Main CIF observation operator standard/std#

Description#

This is the main observation operator for pyCIF. It is called by most execution modes and heavily relies on so-called transforms for elementary operations.

Indeed, the observation operator can be decomposed as follows in sub-operations:

\[\mathcal{H}(\mathbf{x}) = ( \mathcal{H}_1 \circ \mathcal{H}_2 \circ \cdots \circ \mathcal{H}_N ) (\mathbf{x})\]

See details about the transforms here, in particular their individual documentation and the general input output format.

Transform pipeline#

In pyCIF, the successive transforms are arranged into a so-called pipeline. The steps to initialize a pipeline consistent with the user-defined configuration are carried out in the function:

pycif.plugins.obsoperators.standard.transforms.init_transform(self)[source]

Initialize the complete transform pipeline for the observation operator.

Assembles the ordered Transform pipeline that the operator will execute at run time. The pipeline is built from four sub-pipelines applied in sequence:

  1. Observation-vector side — transforms from obsvect.transform_pipe plus a mandatory toobsvect step for each observed species, and a satellites step for satellite components (via init_obsvect_transformations()).

  2. Main pipe — transforms from obsoperator.transform_pipe (defaults to a single run_model step when none are specified), via init_mainpipe().

  3. Control-vector side — transforms from controlvect.transform_pipe (via init_control_transformations()).

  4. Dump / load wrappersdump2inputs and loadfromoutputs transforms inserted automatically where force_dump or force_loadout flags are set (via dump_read_inout()).

After assembly the pipeline is ordered so that precursor transforms always run before their successors via period_pipe(). Data availability is verified by check_datavect(), and a human-readable description is written to disk by dump_transform_description().

If self.batch_computation is configured, the pipeline is further modified for Monte-Carlo batch execution via batch_computation().

Parameters:

self (ObsOperator) – the obs-operator plugin instance. On return, self.transform_pipe, self.period_order_fwd, and self.period_order_adj are populated.

Note

To compute a given pipeline, the observation operator first walks the pipeline backwards in a dry-run mode. This initialization step allows propagating metadata about what output format is needed for transformations.

For instance, metadata about observations need to be propagated backwards, so pyCIF knows where to extract concentrations in the CTM, before running it forward.

Main pipeline#

The observation vector builds the transformation pipeline according to information specified in the control vector transform_pipe, in the observation vector transform_pipe and in the observation operator transform_pipe

The functions used to determine the main pipe are the following (by order of execution):

pycif.plugins.obsoperators.standard.transforms.init_mainpipe(self, all_transforms, backup_comps, mapper)[source]

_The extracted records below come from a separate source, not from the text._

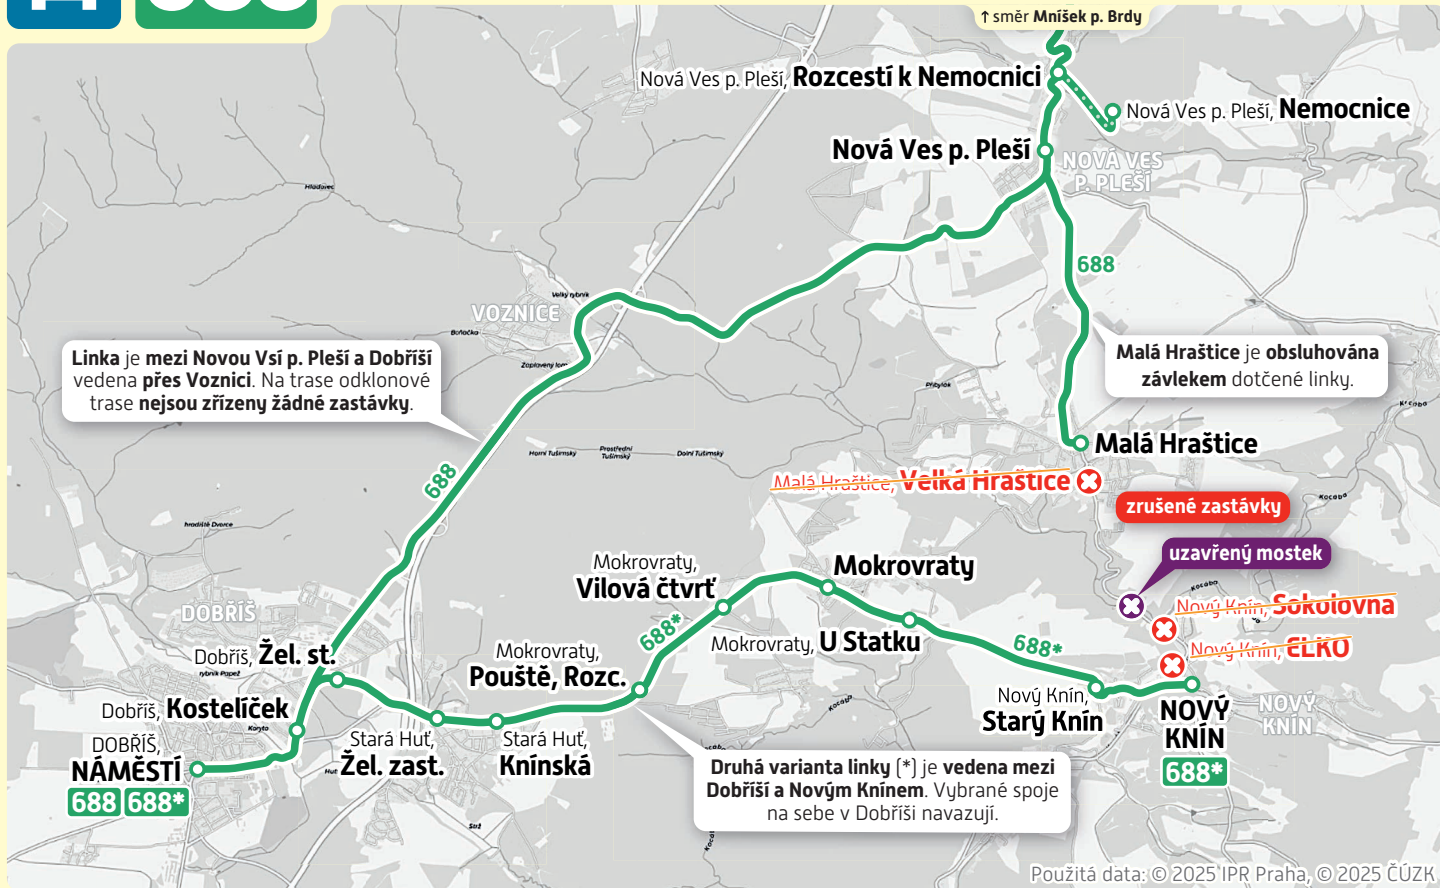

pid

dočasná změna

od 26. června 2025 (čtvrtek)
do odvolání (předpoklad listopad 2025)

688

Havárie propustku na silnici II/116

Pro přehlednost mapy je **zakreslena pouze linka dotčená touto změnou.**
Sledujte, prosím, jízdní řády zmiňované linky.
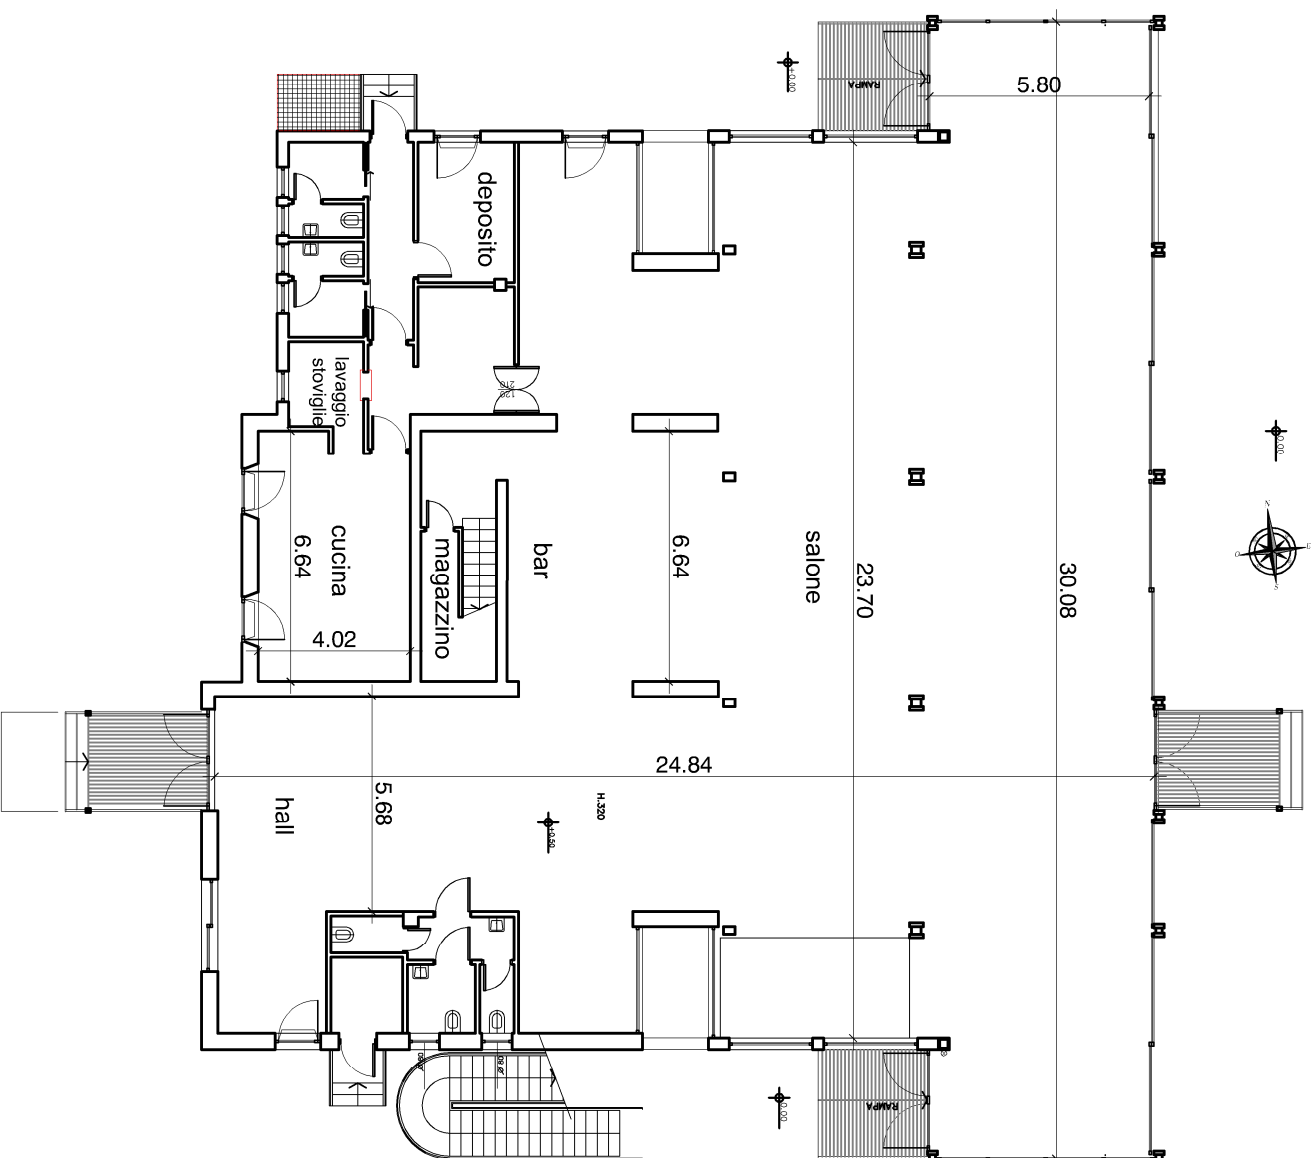

**NUOVA LOCAZIONE DI UN IMMOBILE DENOMINATO "VILLETTA"
(RIVIERA OVEST - PARCO IDROSCALO) CON DESTINAZIONE
RISTORANTE E SUE PERTINENZE**

PIANTA PIANO TERRA

Scala 1 : 200

Piano terra
Sup. netta 569 mq

PIANTA PIANO TERRAZZO

Scala 1 : 200

Piano primo
Sup. netta 56 mq

Terrazzo
Sup. 326 mq

Initialize the core of the transform pipeline.

Reads self.transform_pipe (transforms defined directly on the observation operator in the YAML) and inserts each of its transforms before the first element already present in self.mainpipe. If no transform_pipe is defined and self.ignore_model is False, a default run_model transform is added automatically.

Warning

If transform_pipe is specified in the observation operator, only the explicitly listed transforms are used — the CTM model is not added automatically. To run the model on top of custom transforms, include run_model explicitly in the list. For most applications it is preferable to define extra transforms in the controlvect or obsvect transform_pipe instead.

Parameters:
  • self (ObsOperator) – the obs-operator plugin instance. On return, self.mainpipe is updated with the IDs of the newly inserted transforms.

  • all_transforms – the Transform object holding all transforms; modified in-place.

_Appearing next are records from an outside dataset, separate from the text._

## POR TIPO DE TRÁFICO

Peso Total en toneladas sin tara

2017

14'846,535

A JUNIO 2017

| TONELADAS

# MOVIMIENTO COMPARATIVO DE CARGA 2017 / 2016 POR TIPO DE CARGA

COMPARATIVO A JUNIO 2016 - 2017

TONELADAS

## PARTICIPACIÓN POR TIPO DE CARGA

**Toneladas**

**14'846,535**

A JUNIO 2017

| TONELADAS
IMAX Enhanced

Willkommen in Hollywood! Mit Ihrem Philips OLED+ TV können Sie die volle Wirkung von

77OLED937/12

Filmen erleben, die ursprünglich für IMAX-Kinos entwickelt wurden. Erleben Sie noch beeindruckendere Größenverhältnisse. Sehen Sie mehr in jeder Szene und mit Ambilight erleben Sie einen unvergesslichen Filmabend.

  • backup_comps (dict) – backed-up component definitions forwarded to add_default().

  • mapper (dict) – the pipeline mapper dictionary; updated in-place.

pycif.plugins.obsoperators.standard.transforms.init_control_transformations(self, all_transforms, controlvect, backup_comps, mapper)[source]

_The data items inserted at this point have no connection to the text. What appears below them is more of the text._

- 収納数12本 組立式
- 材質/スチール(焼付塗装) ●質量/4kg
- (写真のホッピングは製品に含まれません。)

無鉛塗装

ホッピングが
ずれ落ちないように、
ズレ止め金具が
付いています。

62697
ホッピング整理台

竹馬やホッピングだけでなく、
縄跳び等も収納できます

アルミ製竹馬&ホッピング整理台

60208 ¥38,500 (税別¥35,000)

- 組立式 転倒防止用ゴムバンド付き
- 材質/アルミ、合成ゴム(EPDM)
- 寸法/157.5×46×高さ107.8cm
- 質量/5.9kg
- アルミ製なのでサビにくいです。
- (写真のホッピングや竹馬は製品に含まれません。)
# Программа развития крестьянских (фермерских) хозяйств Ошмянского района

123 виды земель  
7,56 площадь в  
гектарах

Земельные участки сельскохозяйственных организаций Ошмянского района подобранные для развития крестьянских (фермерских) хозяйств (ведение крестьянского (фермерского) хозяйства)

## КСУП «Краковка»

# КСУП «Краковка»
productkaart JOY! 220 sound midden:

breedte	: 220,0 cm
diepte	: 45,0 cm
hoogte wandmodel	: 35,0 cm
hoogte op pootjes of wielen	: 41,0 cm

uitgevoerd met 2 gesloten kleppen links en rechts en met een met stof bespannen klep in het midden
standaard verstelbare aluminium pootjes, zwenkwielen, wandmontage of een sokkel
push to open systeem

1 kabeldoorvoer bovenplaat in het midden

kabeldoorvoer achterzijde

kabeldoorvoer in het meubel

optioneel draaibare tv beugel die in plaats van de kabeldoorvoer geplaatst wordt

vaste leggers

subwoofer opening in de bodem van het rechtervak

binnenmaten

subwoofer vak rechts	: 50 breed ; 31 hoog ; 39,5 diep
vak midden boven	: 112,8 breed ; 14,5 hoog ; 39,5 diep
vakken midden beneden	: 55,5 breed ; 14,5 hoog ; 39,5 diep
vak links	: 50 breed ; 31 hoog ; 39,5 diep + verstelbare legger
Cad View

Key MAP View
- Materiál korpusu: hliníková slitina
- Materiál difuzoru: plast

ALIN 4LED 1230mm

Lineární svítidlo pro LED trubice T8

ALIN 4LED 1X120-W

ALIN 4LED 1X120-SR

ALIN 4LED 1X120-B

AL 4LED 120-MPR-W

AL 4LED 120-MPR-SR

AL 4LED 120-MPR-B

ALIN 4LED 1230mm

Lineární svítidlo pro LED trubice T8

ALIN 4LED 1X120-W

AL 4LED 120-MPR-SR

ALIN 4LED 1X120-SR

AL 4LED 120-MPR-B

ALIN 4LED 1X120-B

Initialize transforms on the control-vector side.

Reads controlvect.transform_pipe and inserts each of its transforms before the first element of self.mainpipe in all_transforms, preserving the user-defined order.

Also loops over all components/tracers of the datavect and, for those that specify the unit_conversion argument, automatically inserts a unit_conversion transform.

Parameters:
  • self (ObsOperator) – the obs-operator plugin instance; uses self.mainpipe to determine the insertion point.

  • all_transforms – the Transform object holding all transforms; modified in-place.

  • controlvect (ControlVect) – control-vector object; its transform_pipe is read to determine which transforms to insert.

  • backup_comps (dict) – backed-up component definitions forwarded to add_default().

  • mapper (dict) – the pipeline mapper dictionary; updated in-place.

pycif.plugins.obsoperators.standard.transforms.init_obsvect_transformations(self, all_transforms, obsvect, backup_comps, mapper)[source]

Initialize transforms on the observation-vector side.

Appends a toobsvect transform to the pipeline for every observed species (component/tracer pair where param.isobs is True). For satellites components, a satellites transform is inserted immediately before the corresponding toobsvect step.

Then reads obsvect.transform_pipe and prepends each of its transforms before all other transforms in all_transforms, preserving the user-defined order.

Parameters:
  • self (ObsOperator) – the obs-operator plugin instance. On return, self.mainpipe is populated with the IDs of the newly inserted toobsvect (and satellites) transforms.

  • all_transforms – the Transform object holding all transforms; modified in-place.

  • obsvect (ObsVect) – observation-vector object; its transform_pipe and datavect are read to determine which transforms to insert.

  • backup_comps (dict) – backed-up component definitions forwarded to add_default().

  • mapper (dict) – the pipeline mapper dictionary; updated in-place.

Connecting and ordering transforms into a pipeline#

pycif.plugins.obsoperators.standard.transforms.connect_pipes(all_transforms, mapper, transform)[source]

Connect transforms based on their inputs and outputs

pycif.plugins.obsoperators.standard.transforms.period_pipe(self, all_transforms, mapper)[source]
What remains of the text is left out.